* [TASK BRIEF]
The reply is a verbatim copy of the listing below with its images dropped.

* [SUPPLIED MATERIAL]
================================

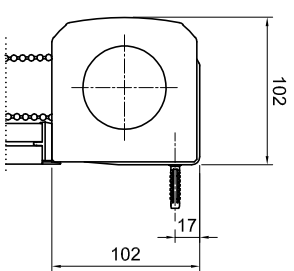

Hinweis:
Bei Anlagen mit Kettenzug muss die Norm
EN 13120:2009+A1:2014 für Kindersicherheit
beachtet werden

Maße in mm!!

KARO-L Seitenführungsschiene 64 mm		Kunden Nr.	Auftrag Nr.
Titel:		Zeichner:	Datum:
Vorteiler:		Maßstab:	
LEHA Vorhangschienen Werner Hanken KG Aumühle 38, A-4075 Breitenbach Tel.: +43 722 5861-0 Fax: +43 722 5861-15 e-mail: info@leha.at http://www.leha.at		LEHA www.leha.at
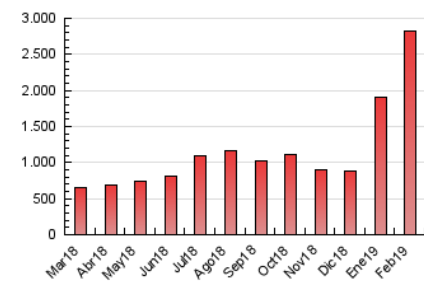

Páginas (x 1000)

================================

* [WRITTEN RESPONSE]
Hinweis:
Bei Anlagen mit Kettenzug muss die Norm
EN 13120:2009+A1:2014 für Kindersicherheit
beachtet werden

Maße in mm!!

KARO-L Seitenführungsschiene 64 mm		Kunden Nr.	Auftrag Nr.
Titel:		Zeichner:	Datum:
Vorteiler:		Maßstab:	
LEHA Vorhangschienen Werner Hanken KG Aumühle 38, A-4075 Breitenbach Tel.: +43 722 5861-0 Fax: +43 722 5861-15 e-mail: info@leha.at http://www.leha.at		LEHA www.leha.at

Páginas (x 1000)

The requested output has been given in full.